In Mississippi, a man who has been on death row for over 20 years, after being tried six times for a quadruple murder in 1996, will get a hearing in the U.S. Supreme Court. APM Reports, which has produced an 11-episode podcast on Flowers’ case, reports that the Court will review whether District Attorney Doug Evans deliberately excluded African-Americans from Flowers’ jury in each of his trials. In four of his trials, Flowers was convicted by an all-white or predominantly white jury. Three convictions were overturned on appeal, and two other trials resulted in hung juries. APM says that in an analysis it conducted of Evan’s jury selection in hundreds of criminal trials, it found that “Evans and his assistant prosecutors have struck black prospective jurors at 4.4 times the rate they struck white prospective jurors.”

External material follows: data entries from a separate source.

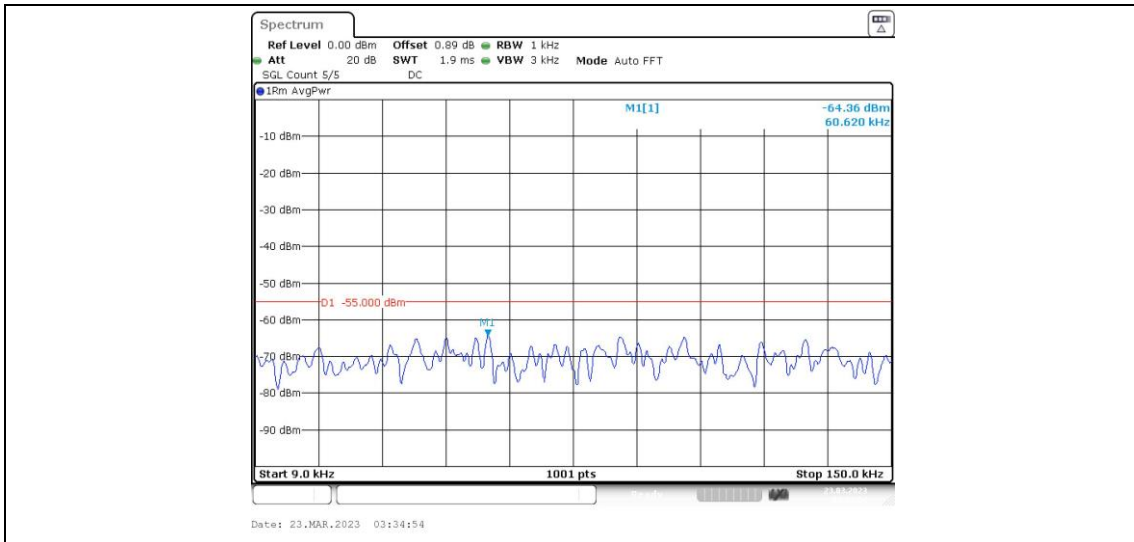

41-41-20MHz-20MHz-QPSK-QPSK-40521-40719-1RB#0-0RB#0-0.15~30MHz

41-41-20MHz-20MHz-QPSK-QPSK-40521-40719-1RB#0-0RB#0-30~1000MHz

41-41-20MHz-20MHz-QPSK-QPSK-40521-40719-1RB#0-0RB#0-1000~20000MHz
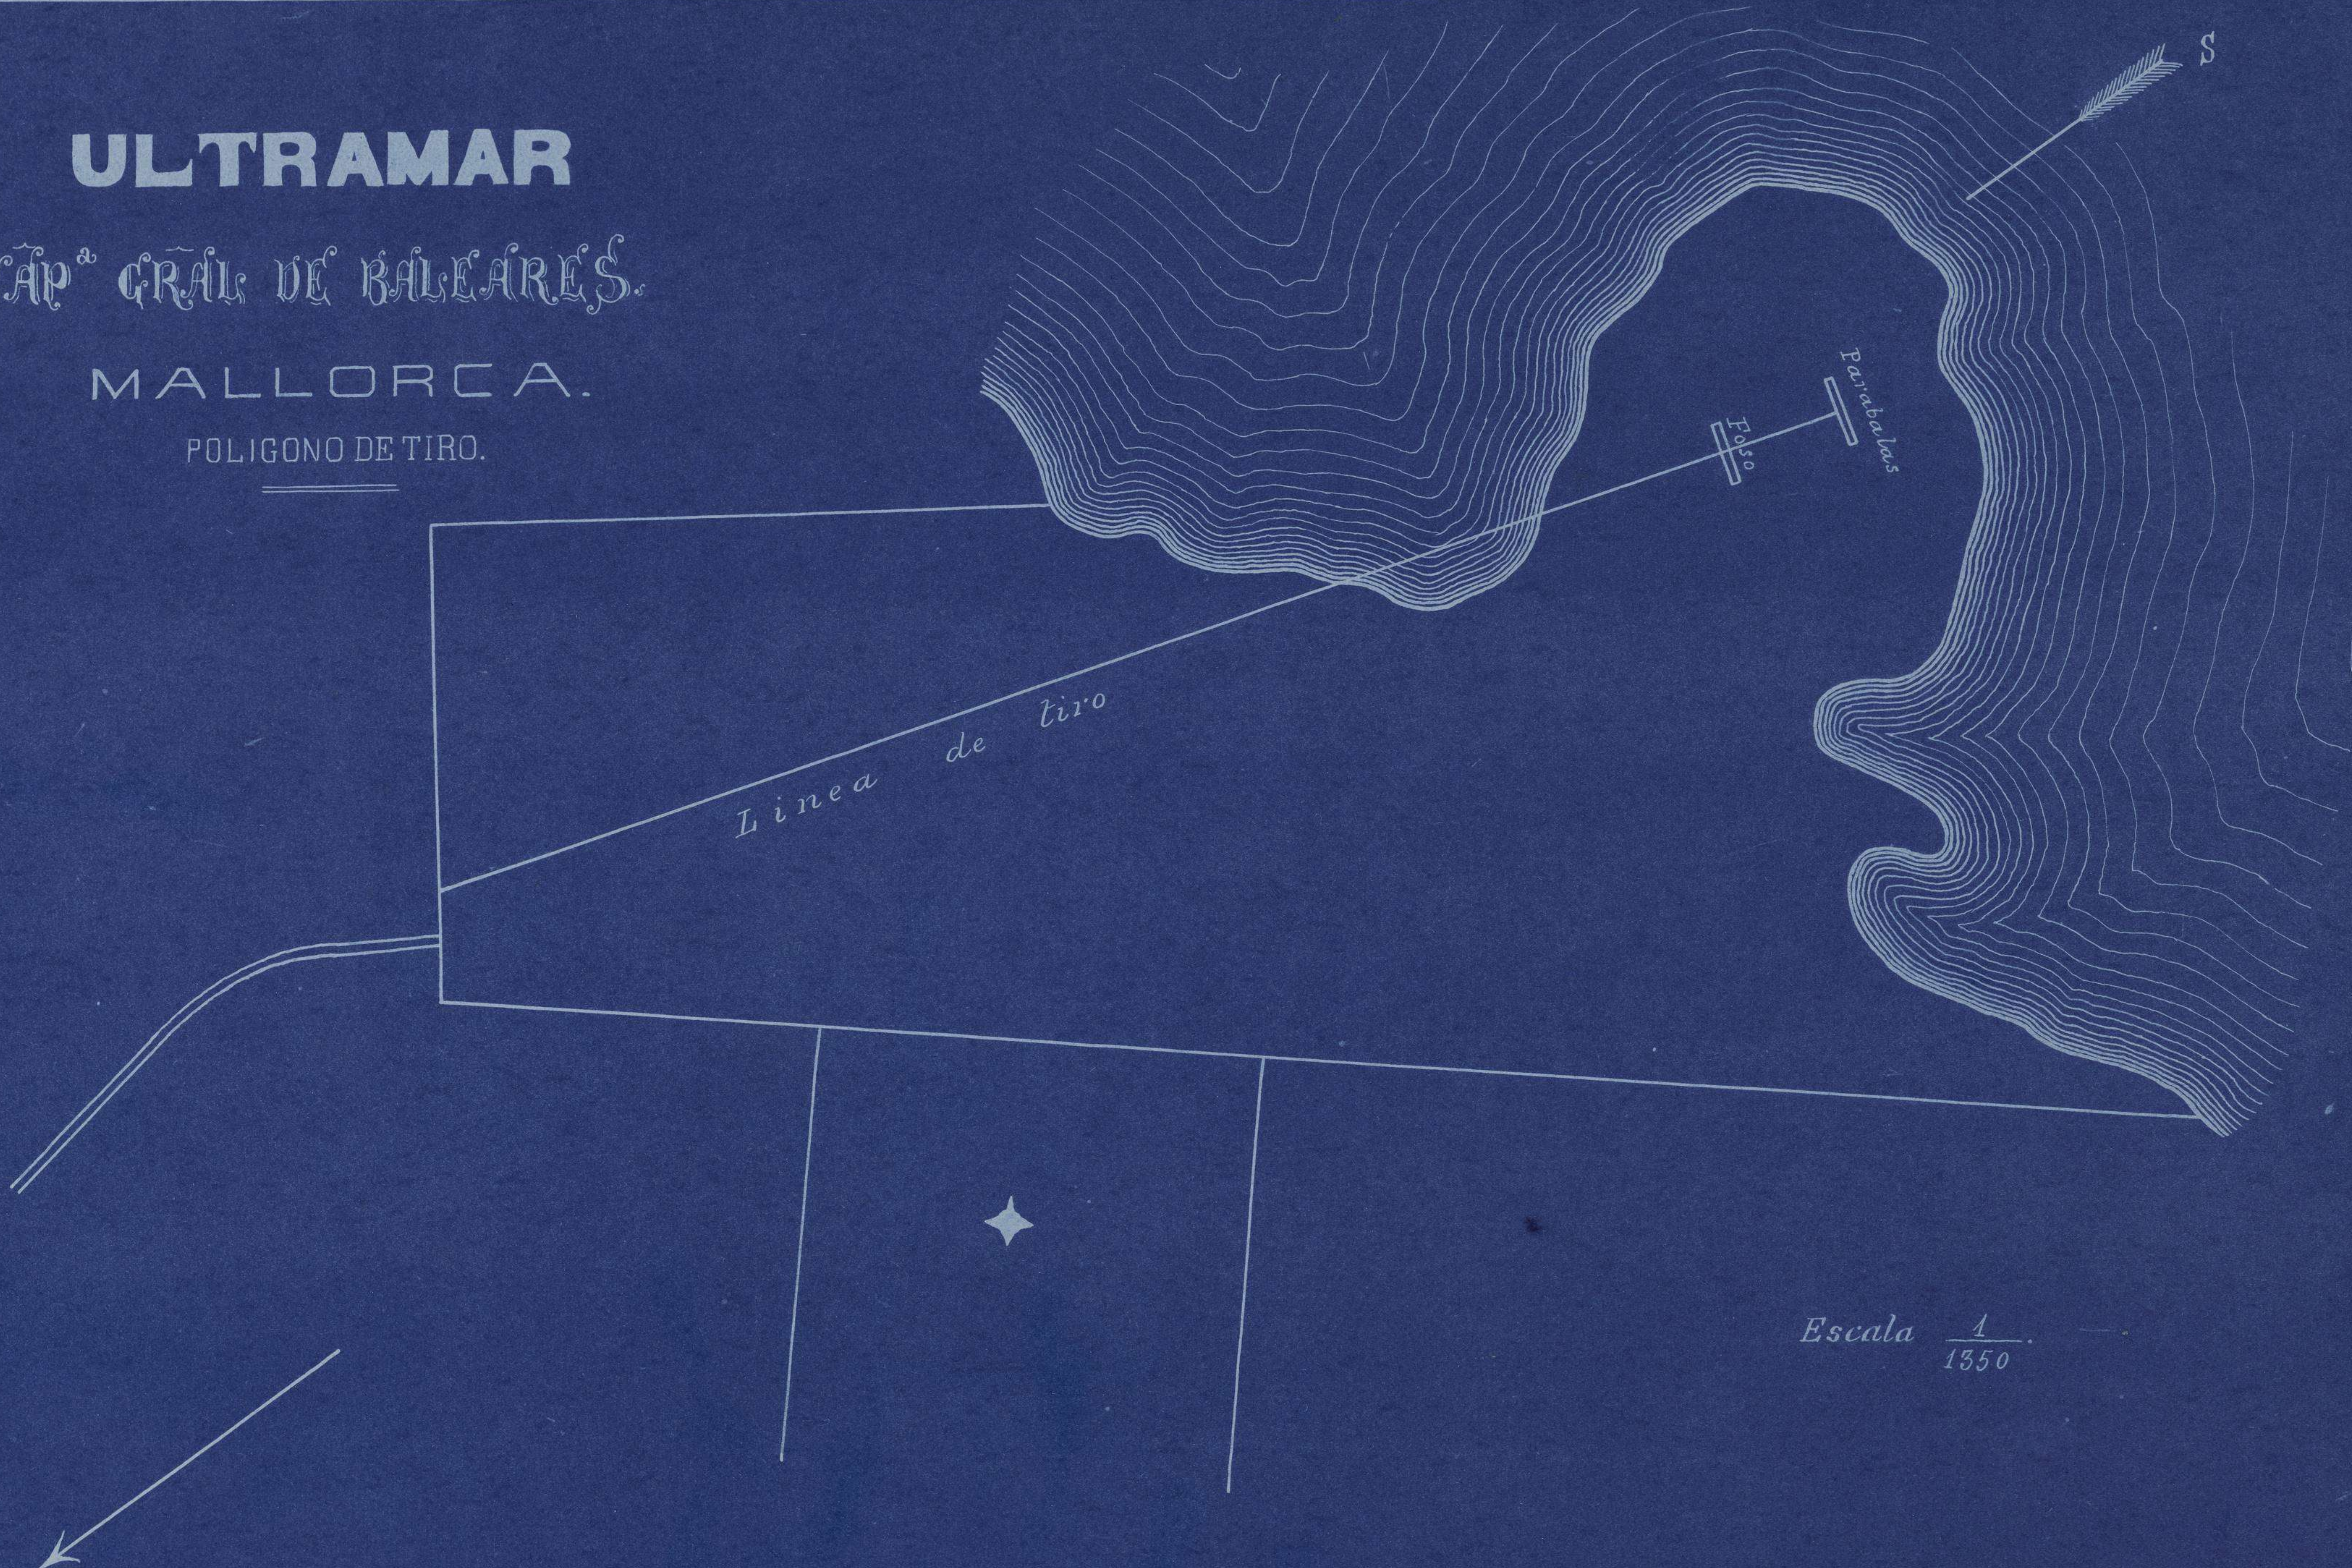

ULTRAMAR

CAP^o GRAL DE BALEARES.

MALLORCA.

POLIGONO DE TIRO.

Escala $\frac{1}{1350}$

N

In Oklahoma, a DNA test on a bandanna that was evidence in the case of Julius Jones, who is on death row for the 1999 killing of Paul Howell during a carjacking, revealed a mixture of three or more people, excluding Jones’s co-defendant as a major contributor. Federal public defender Dale Baich told the Oklahoman that the testing doesn’t indicate when the DNA was deposited on the bandanna, and that “”We have always known that Mr. Jones’ DNA could be on the bandanna because his DNA was present in his parents’ home where the red bandanna was planted.” The defense maintains that Jones’s co-defendant, Christopher Jordan, matches the eyewitness description of the man who killed Howell. Jordan, who implicated Jones, served 15 years and is now free.
In Tennessee, Edmund Zagorski was executed earlier this month by electric chair. Zagorski had opted to be electrocuted over lethal injection because, his lawyer had said in an emailed statement, “10-18 minutes of drowning, suffocation, and chemical burning is unspeakable.” His request for a stay to the U.S. Supreme Court on the grounds that to force a prisoner to choose his method of execution was unconstitutional was denied. The 63-year-old Zagorski was sentenced to death in 1984 for the murder of John Dotson and Jimmy Porter in April 1983 during a drug deal.
Also in Tennessee, four men on death row have filed a lawsuit in federal court asking for the right to be executed by firing squad instead of lethal injection or electric chair. David Earl Miller, who is scheduled to be executed on Dec. 6, is one of the four, and the lawsuit ask the court to postpone his execution until their lawsuit is heard. The Tennesseean reports that the lawsuit states that, “The firing squad significantly reduces a substantial risk of unnecessary and severe pain when compared” with lethal injection.
In Arkansas, the state supreme court reversed a lower court ruling and said two death row inmates could challenge the state’s process for determining competency. The Arkansas Times reports that the court issued separate rulings for both Bruce Ward and Jack Greene that giving the Department of Corrections director the authority to determine competency denied the two men due process of law.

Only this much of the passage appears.